14、Incomplete extraction — During manual placental extraction, the clinician may note a small area where the placenta is very adherent to the uterus. This can usually be managed by slow persistent finger dissection to create a plane of separation at the maternal-placental interface. The plane of dissection is often partially through the placenta in these cases, which leaves some placenta adherent to the decidua and myometrium. This will not lead to postpartum hemorrhage as long as the uterus contracts well and there is no area of subinvolution at the site of the retained placental fragments. Curettage should be avoided, if possible, as the myometrium may be very thin at the point of adherence, thus increasing the risk of perforation. Curettage of the postpartum uterus also increases the risk of formation of intrauterine adhesions (Asherman syndrome).However, if placental tissue is retained and the patient is bleeding excessively, then curettage using a large blunt placental curette or aspiration is reasonable to remove the remaining placental tissue.

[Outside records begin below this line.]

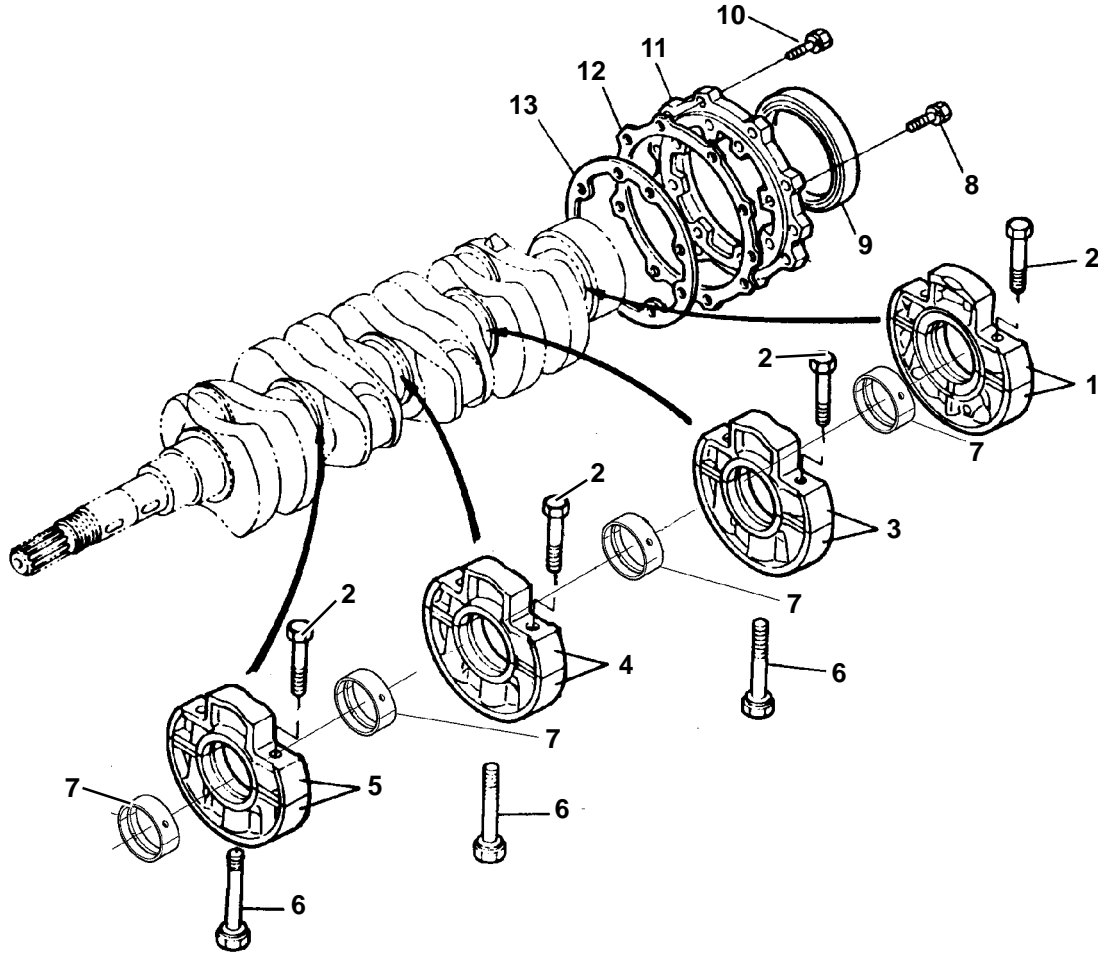

10. MAIN BEARING CASE

Item	Part Number	Description	Qty
1	25-39371-00	Case, Main Bearing, #4 - Includes:	1
2	25-39372-00	Bolt, Main Bearing Case	2
3	25-39375-00	Case, Main Bearing, #3 - Includes:	1
2	25-39372-00	Bolt, Main Bearing Case	2
4	25-39374-00	Case, Main Bearing, #2 - Includes:	1
2	25-39372-00	Bolt, Main Bearing Case	2
5	25-39373-00	Case, Main Bearing, #1 - Includes:	1
2	25-39372-00	Bolt, Main Bearing Case	2
6	25-37191-01	Bolt, Bearing Case	3
7	25-39378-00	Bearing, Main STD (Single Pack)	4
	25-39379-00	Bearing, Main 0.2MM (Single Pack)	4
	25-39380-00	Bearing, Main 0.4MM (Single Pack)	4
8	25-38718-00	Bolt, M8-1.25 x 28MM	8
9	25-37198-00	Seal, Rear Oil	1
10	25-37660-00	Bolt	8
11	25-39377-00	Cover, Bearing Case	1
12	25-38717-00	Gasket, Case Cover	1
13	25-39376-00	Gasket, Bearing Case	1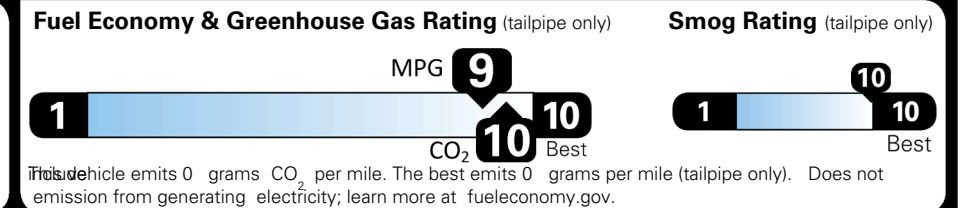

EPA DOT Fuel Economy and Environment

Electric Vehicle

You save \$3,250
 in fuel costs over 5 years compared to the average new vehicle.

Annual fuel cost \$1,050

Actual results will vary for many reasons, including driving conditions and how you drive and maintain your vehicle. The average new vehicle gets 29 MPG and costs \$8,500 to fuel over 5 years. Cost estimates are based on 15,000 miles per year at \$0.17 per kW-hr. MPGe is miles per gasoline gallon equivalent. Vehicle emissions are a significant cause of global warming and smog.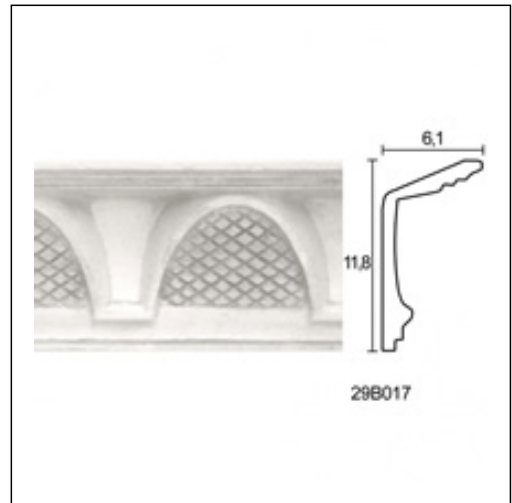

Glyphic Cornices / Semicircle

Cat.No. 29.B.017

Glyphic Cornice

Width: 7.4 cm.

Length: 198 cm.

Height: 11 cm.

RELATIVE PRODUCT PHOTOS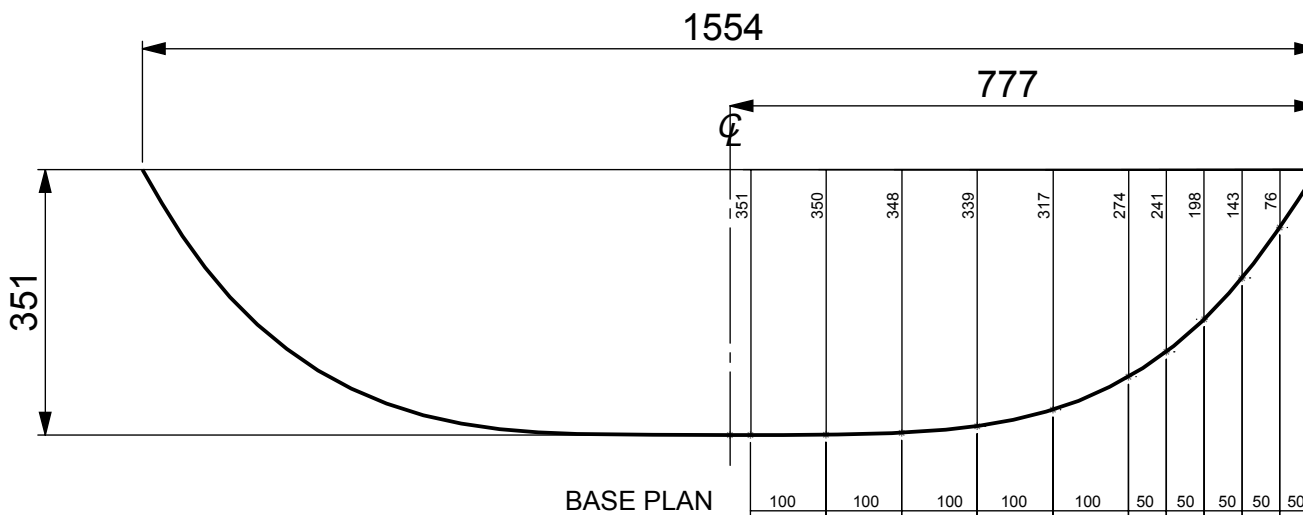

FRONT VIEW

SIDE VIEW

BASE PLAN

 <p>20 Taurus Place Bromley, Christchurch New Zealand Phone (03) 381 1149 Fax (03) 381 1150 Email boatscreens@seathru.co.nz</p> <p><small>COPYRIGHT © 2008</small></p>	TITLE: Kiwi 03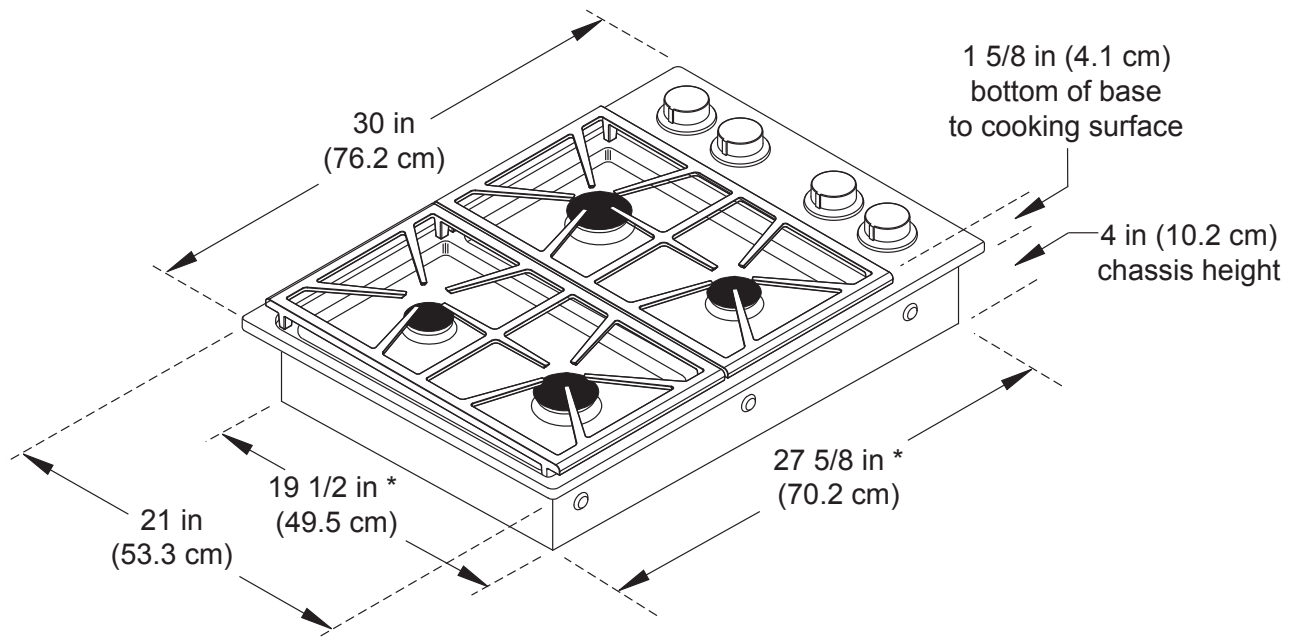

Drop-In Gas Cooktop

Revised 07-15-16

www.Dacor.com

Models: DTCT304GBNG, DTCT304GBNGH, DTCT304GBLP, DTCT304GBLPH,
DTCT304GSNG, DTCT304GSNGH, DTCT304GSLP, DTCT304GSLPH

* including raised embosses on sides of chassis

Important: Dacor reserves the right to change specifications without notice. Dimensions provided are for reference only. Before installation, consult the installation instructions accompanying each product prior to selecting cabinetry, making cutouts or starting installation.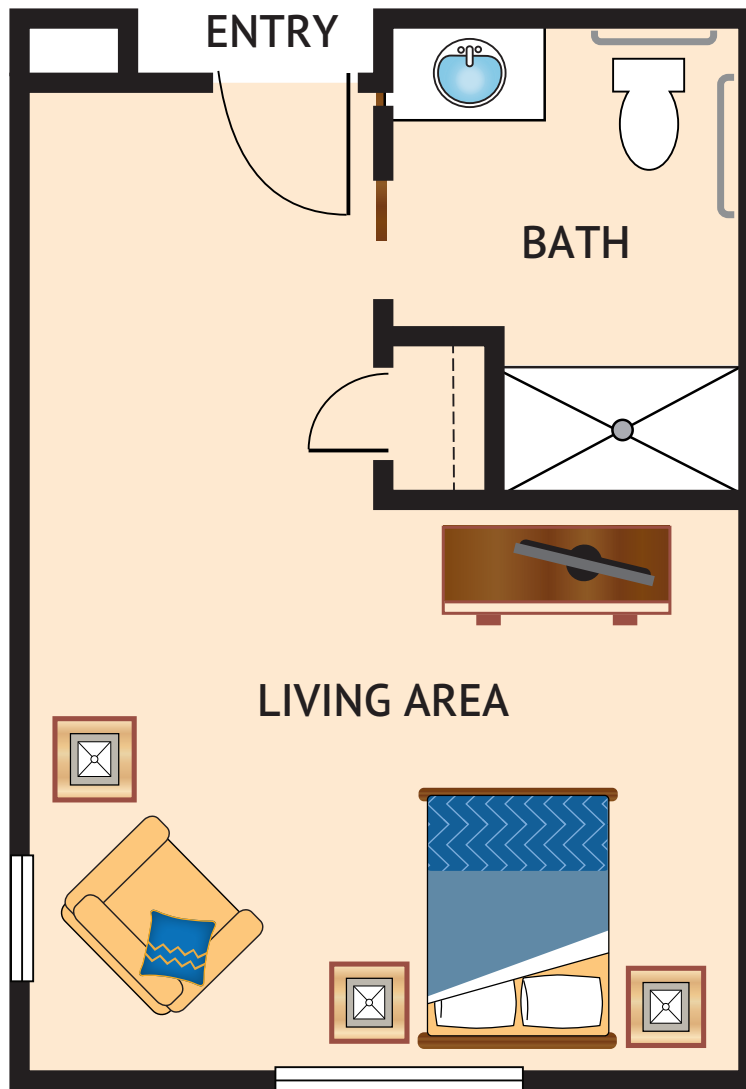

# WHITE CLIFFS

SENIOR LIVING

A WATERMARK RETIREMENT COMMUNITY<sup>SM</sup>

## MEMORY CARE at The Gardens

*Floor Plan*

### STUDIO

301 Square Feet

Floor plans are not to scale and are shown for comparative purposes only.  
Actual apartment floor plans may have minor variations.

# MEMORY CARE at The Gardens

*Floor Plan*

15、Unexpected placenta accreta spectrum — Rarely, the placenta accreta spectrum is first recognized at the time of manual removal of the placenta. In these cases, there is no plane of dissection between the uterus and placenta and, almost invariably, attempts at manual removal lead to life-threatening hemorrhage. We suggest administration of uterotonic drugs and preparation for hysterectomy, which is the definitive therapy.
16、Unproven and ineffective approaches — There is no high-quality evidence that any pharmacologic therapy is effective for expulsion of placenta adherens in patients who have been managed with parenteral oxytocin and cord traction as part of active management of the third stage of labor .
It has been hypothesized that administration of an additional uterotonic drug may be effective in this setting, in part because placenta adherens appears to result from contractile failure in the retroplacental area. Although ergot derivatives cause the uterus to contract, limited evidence suggests these drugs are no more effective than oxytocin alone . Furthermore, a powerful, continuous uterine contraction makes subsequent manual extraction more difficult.